Полковник написал о девятилетием мальчике, который был свидетелем и чуть ли не жертвой «событий» в городе Быдгощ некоторое время назад. Ты что-нибудь знаешь? Я не буду больше говорить об этом здесь, но полковник сообщил, что его «друзья» пытаются спасти ребенка. Конечно, я сказала, что мы его примем. Я не знаю даже имени. Кажется, у полковника есть дела в Париже, так что он будет сопровождать ребенка, привезет его ко мне сюда. Три сына, любовь моя. Может, следующей будет еще одна дочь?
С любовью,
твоя Анжелика
9 июля 1941, Париж
Его зовут Сергиуш, нашего третьего сына. Мой дорогой Януш, я не могу описать, как мил мне этот ребенок. Конечно, он много страдал, он робок и раним, редко говорит без необходимости. Но не прошло и двух дней, как он завоевал сердца нашего маленького племени. Баська обожает его, и мы с ней конкурируем в нашем желании заботиться о нем. Он любит музыку и говорит, что играл на фортепиано с четырех лет и до тех пор, пока… Его родители были убиты давно, о нем заботился старший брат, пока того не расстреляли в Быдгоще прямо у мальчика на глазах. Его жизнь с того дня… Я буду ждать, когда смогу сказать больше.
Когда же кончится война, любовь моя?
твоя Анжелика
Часть 6
Май 1941
Деревня в Бургундии
Глава 36
— Можно заглянуть в твой чемодан? Просто чтобы убедиться, что ты ничего не забыла.

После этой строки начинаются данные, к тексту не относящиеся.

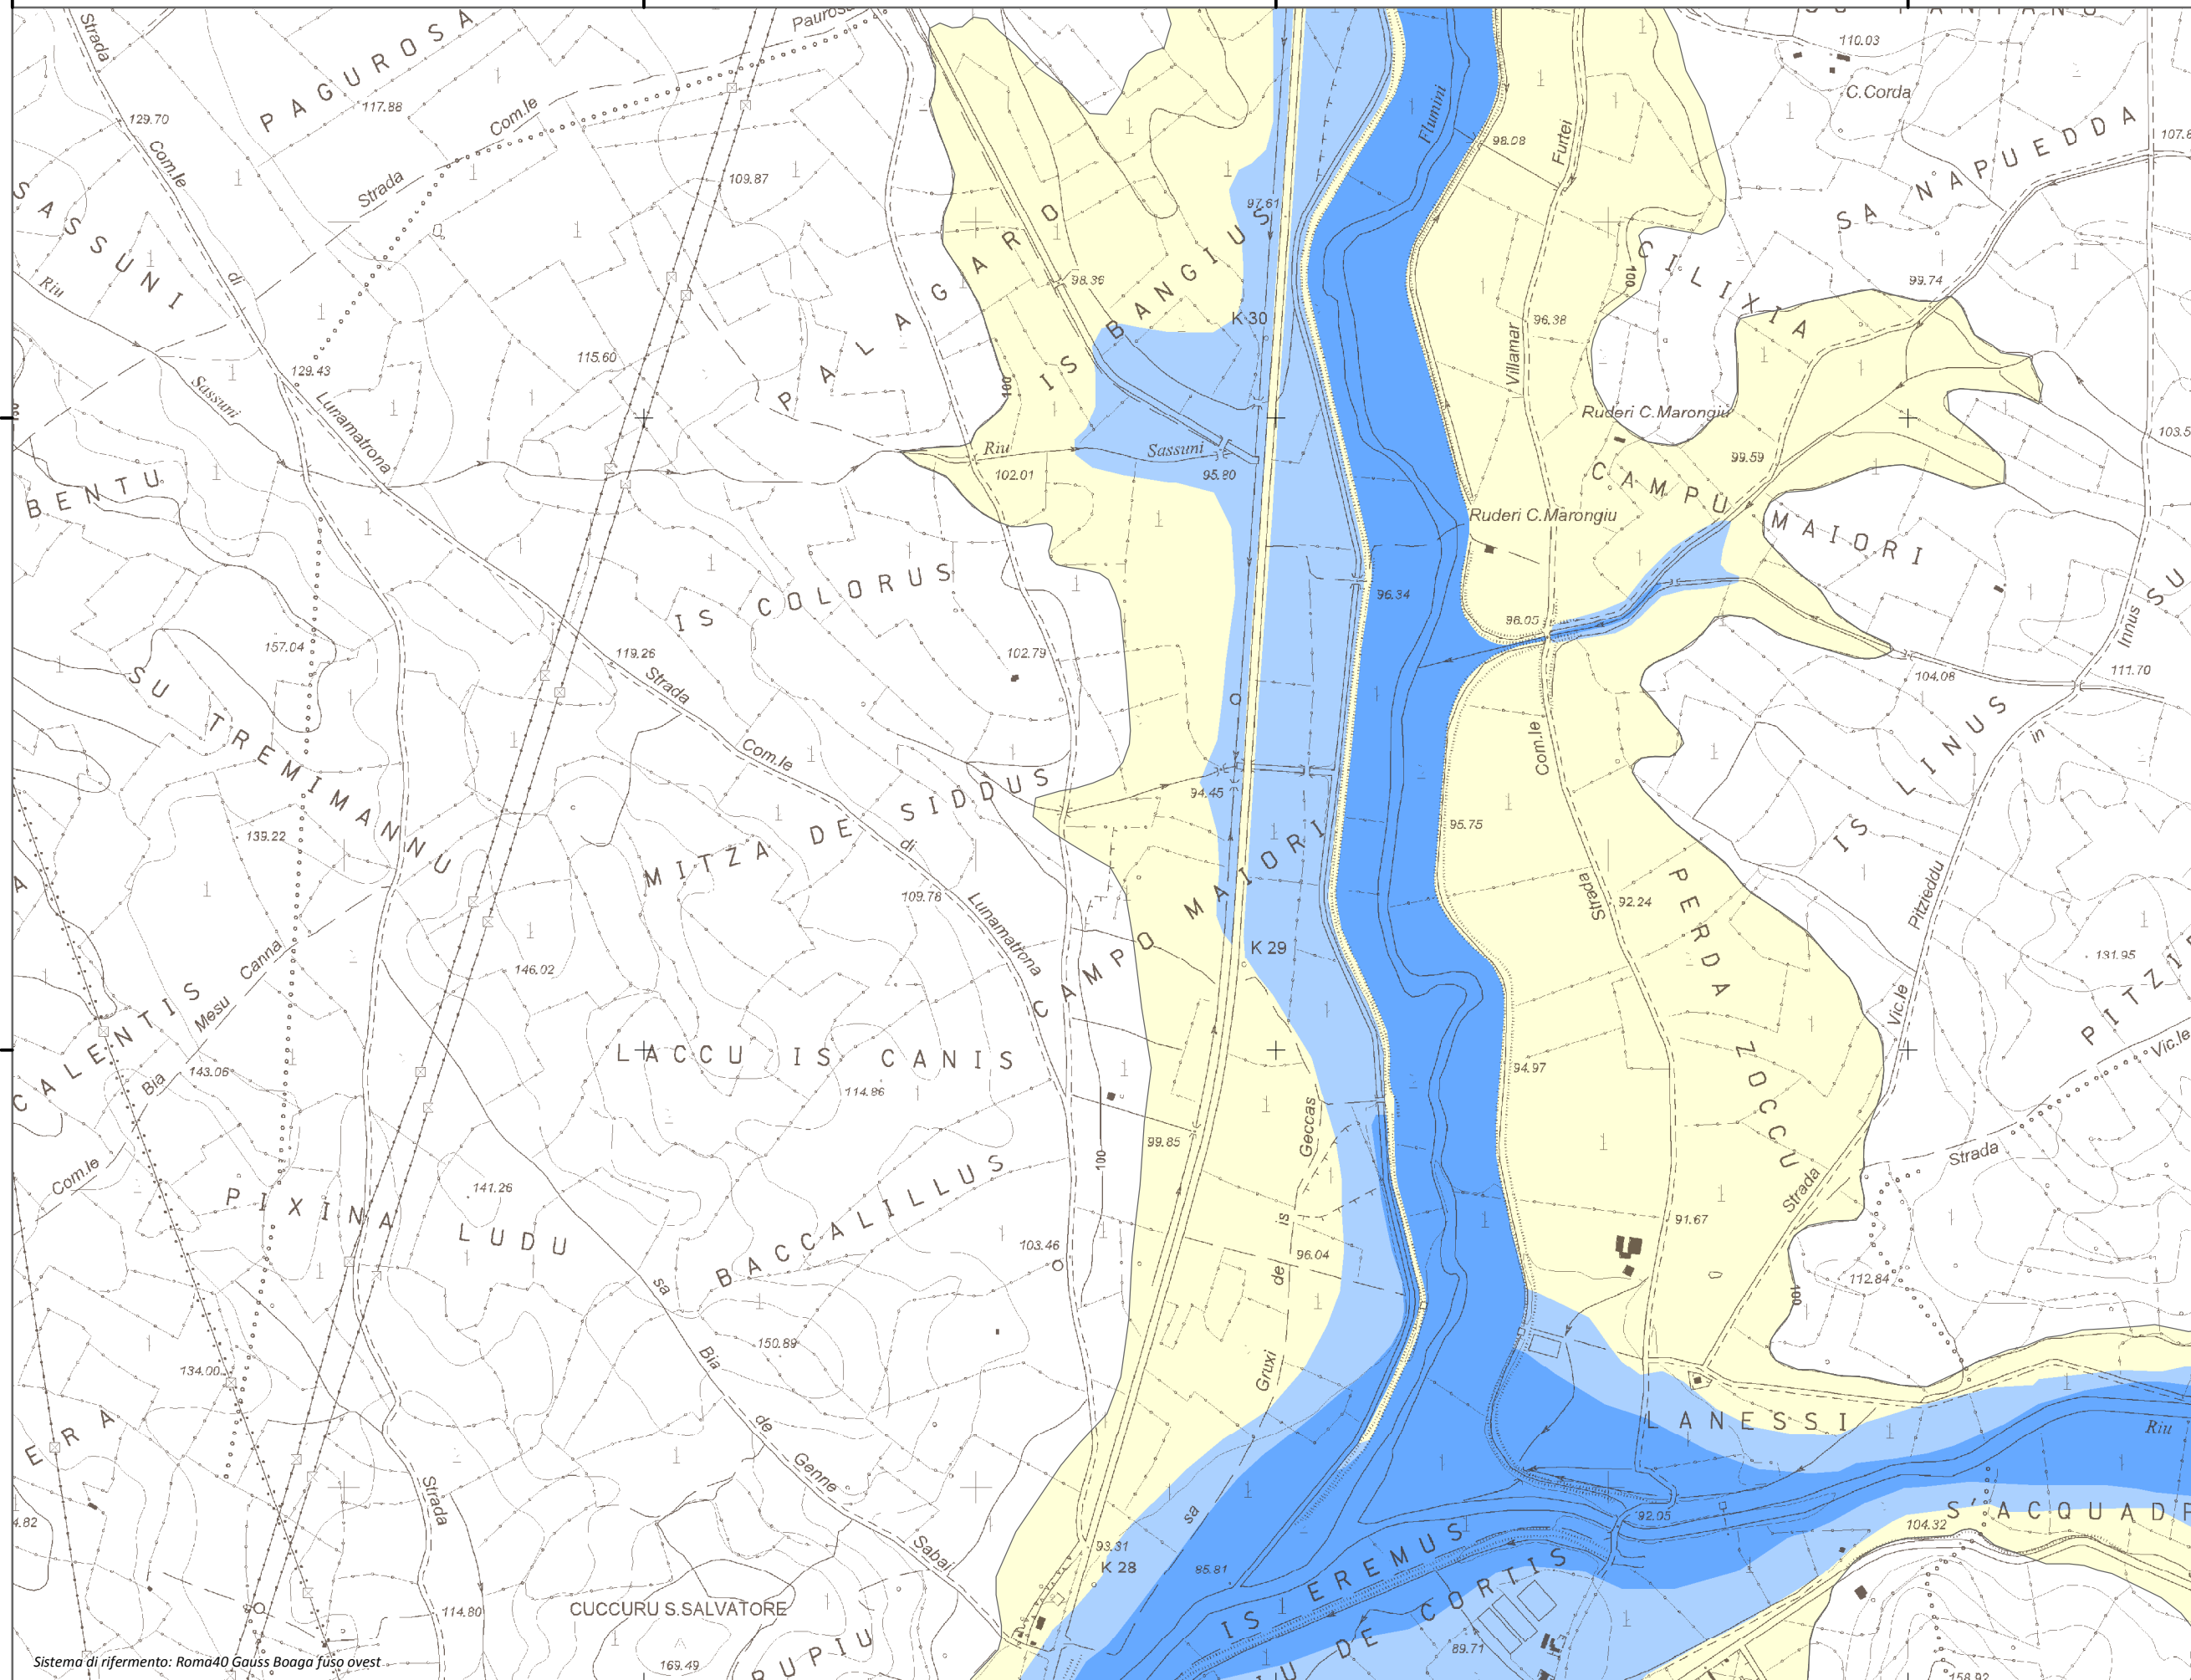

Mappa della Pericolosità da alluvione

Tavola:

Hi-0464

Legenda

Classi di Pericolosità

- P3 - Elevata
Tr ≤ 50 anni
- P2 - Media
50 < Tr ≤ 200 anni
- P1 - Bassa
Tr > 200 anni

Sub Bacino:

7: Flumendosa-Campidano-Cixerri

Data:

Luglio 2015

Revisione:

1.00

Scala 1:10.000

Sistema di riferimento: Roma40 Gauss Boaga fuso ovest

Доминик и Амандина были в гостиной, в гостиной, где они пели и танцевали, ели и спали в ночь перед смертью Соланж. Они продолжали делить эту комнату и восемь дней спустя. Амандина — на шезлонге, Доминик — на диване, девочка в течение первых трех дней ни спала, ни ела, ни говорила. Когда Доминик пыталась успокоить ребенка, вызывала ее на разговор, Амандина лишь открывала глаза, качала головой, иногда улыбалась, специально, чтобы Доминик меньше тревожилась. А потом неизменно ныряла обратно в свои мысли. И в продолжение многих часов Доминик сидела рядом с девочкой, гладя ее по спине и рукам. Пыталась накормить ее.
Амандина думала о Клод, маленькой пятилетней алжирской девчушке, которая жила с мадам Обрак, когда Амандина и Соланж появились там, и именно о ней девочка заговорила после нескольких дней молчания.
— Может быть, я должна вернуться к мадам Обрак. Я могу помогать с Клод. Ее родители пропали, и она будет жить в приюте. Если я вернусь, чтобы ухаживать за ней, ей не придется идти в детский дом.
— Прошло время, — ответила Доминик, — и я думаю, что Клод уже увезли от госпожи Обрак. Но я думаю, что это прекрасно, что ты… Может ты мне расскажешь, о чем еще думаешь?
— Я не знаю.
— Нет слов?
— Это не получится сказать.
— А ты просто попробуй, как выйдет.
— Одиночество. Страх. Маман. Соланж. Иногда я говорю «боши».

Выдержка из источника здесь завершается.